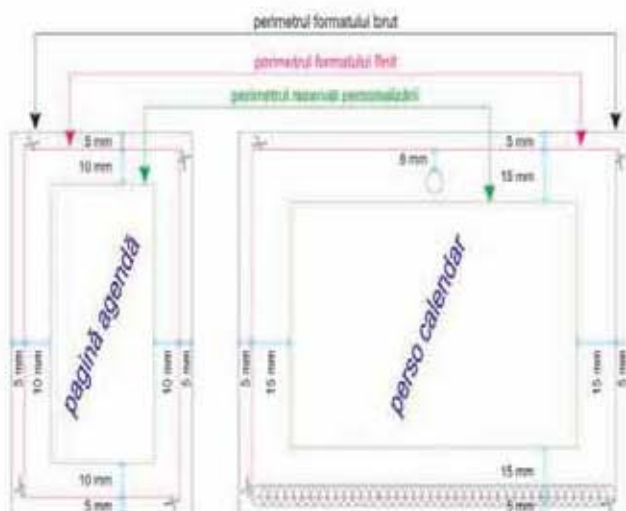

SPECIFICAȚII TEHNICE

Parametri tehnici - PERSONALIZĂRI

Pentru imagini

- Rezoluție > 300 dpi, imagine la scara 1:1
- Spațiu de culoare > CMYK, Pantone

Pentru fișiere vectoriale

- Spațiu de culoare > CMYK, Pantone
- Fonturi > Transformate în curbe

Tipuri de fișiere

- pdf > în modul compus CMYK sau Pantone;
  - > cu fonturile embeded;
  - > realizate cu opțiunea "PDF for prepress".
- tif > în modul CMYK;
  - > compresie LZW;
  - > rezoluția 300dpi, la scara 1:1

Formatul brut este formatul finit la care se adaugă: 10 mm pe înălțime
10 mm pe lățime

- paginare > paginile documentului trebuie să fie aranjate în ordine, începând cu pagina 1.
- machetare > dacă documentul are fundal sau elemente grafice care depășesc perimetrul rezervat personalizării, atunci acestea trebuie să atingă perimetrul formatului brut.

personalizare
pagină agendă

personalizare
capac calendar
▬▬▬
EXERCISE OBJECTIVE
Each line in the records that carries "brut" must be copied out.

ANSWER BOX
Formatul brut este formatul finit la care se adaugă: 10 mm pe înălțime
- machetare > dacă documentul are fundal sau elemente grafice care depășesc perimetrul rezervat personalizării, atunci acestea trebuie să atingă perimetrul formatului brut.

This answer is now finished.